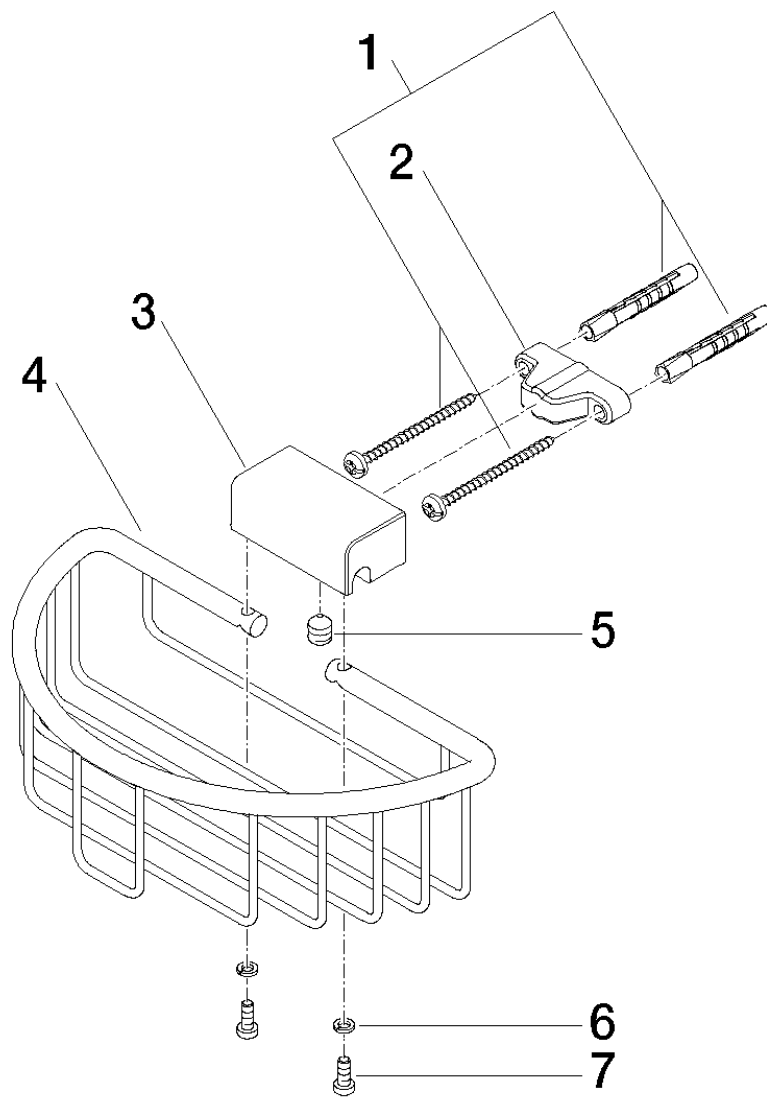

Product specifications

- width 200mm
- height 70 mm
- 115 mm projection

83 290 970-FF

Surfaces

- | | |
|-----------------|-------------|
| • chrome | 83290970-00 |
| • platinum matt | 83290970-06 |
| • platinum | 83290970-08 |
| • matt black | 83290970-33 |

Exploded assembly drawing

Order quantity

No.	Article number	Name	Installation quantity
1	0530310250090	fixing set	1
2	09172003090	holder	1
3	081730501ff	holder	1
4	081890907ff	basket	1
5	09311100290	pin	1
6	09301102990	disc	2
7	09303005490	screw	2

____

• [EXERCISE INSTRUCTIONS]
Which lines in the data above hold the string "platinum"? Show each one.

• [RESULT OF THIS TASK]
| • platinum matt | 83290970-06 |
| • platinum | 83290970-08 |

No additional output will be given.